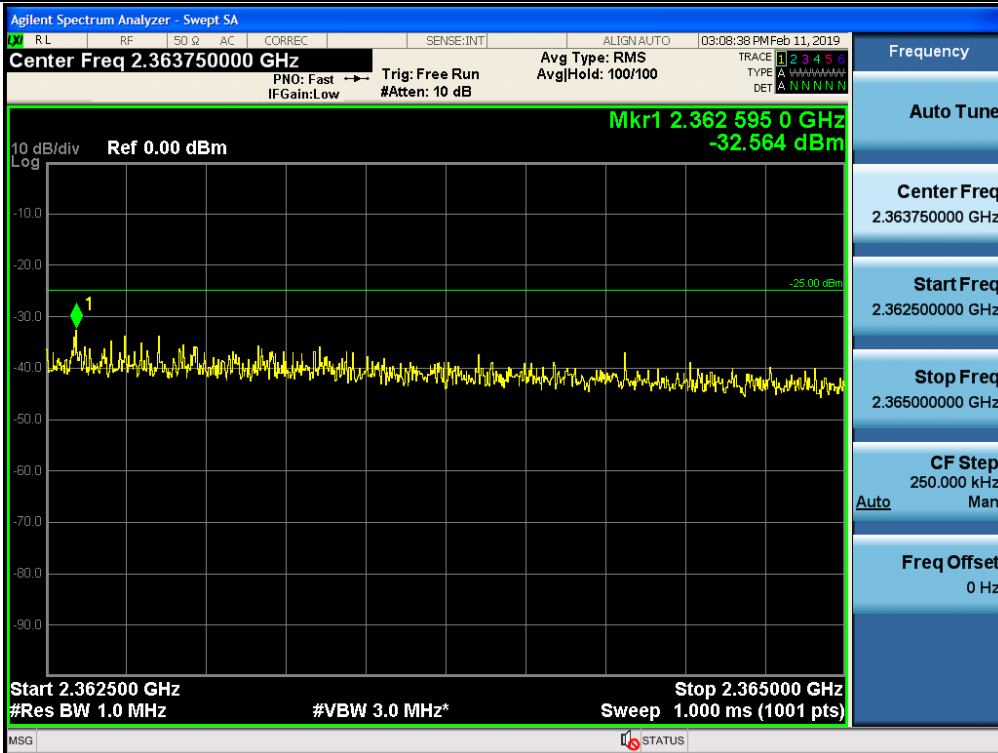

Spurious / WCS / Downlink / LTE 5 MHz / High / High Edge + 1 MHz ~ High Edge + 11 MHz

Spurious / WCS / Downlink / LTE 5 MHz / High / High Edge + 11 MHz ~ 10 GHz

Spurious / WCS / Downlink / LTE 5 MHz / High / 10 GHz ~ 26.5 GHz

Spurious / WCS / Downlink / LTE 5 MHz / High / 2 320 MHz ~ 2 345 MHz

Spurious / WCS / Downlink / LTE 5 MHz / High / 2 287.5 MHz ~ 2 300 MHz

Spurious / WCS / Downlink / LTE 5 MHz / High / 2 285 MHz ~ 2 287.5 MHz

Spurious / WCS / Downlink / LTE 5 MHz / High / 2 200 MHz ~ 2 285 MHz

Spurious / WCS / Downlink / LTE 5 MHz / High / 2 362.5 MHz ~ 2 365 MHz

Spurious / WCS / Downlink / LTE 5 MHz / High / 2 365 MHz ~ 2 267.5 MHz

Spurious / WCS / Downlink / LTE 5 MHz / High / 2 367.5 MHz ~ 2 370 MHz

Spurious / WCS / Downlink / LTE 10 MHz / Middle / 9 kHz ~ 150 kHz

Spurious / WCS / Downlink / LTE 10 MHz / Middle / 150 kHz ~ 30 MHz

What is being asked
From the listing above, repeat exactly the lines starting at the line that includes "MHz ~ 2 287.5 MHz" and ending at the line that includes "kHz ~ 150 kHz", with nothing outside that span.

Written response
Spurious / WCS / Downlink / LTE 5 MHz / High / 2 285 MHz ~ 2 287.5 MHz

Spurious / WCS / Downlink / LTE 5 MHz / High / 2 200 MHz ~ 2 285 MHz

Spurious / WCS / Downlink / LTE 5 MHz / High / 2 362.5 MHz ~ 2 365 MHz

Spurious / WCS / Downlink / LTE 5 MHz / High / 2 365 MHz ~ 2 267.5 MHz

Spurious / WCS / Downlink / LTE 5 MHz / High / 2 367.5 MHz ~ 2 370 MHz

Spurious / WCS / Downlink / LTE 10 MHz / Middle / 9 kHz ~ 150 kHz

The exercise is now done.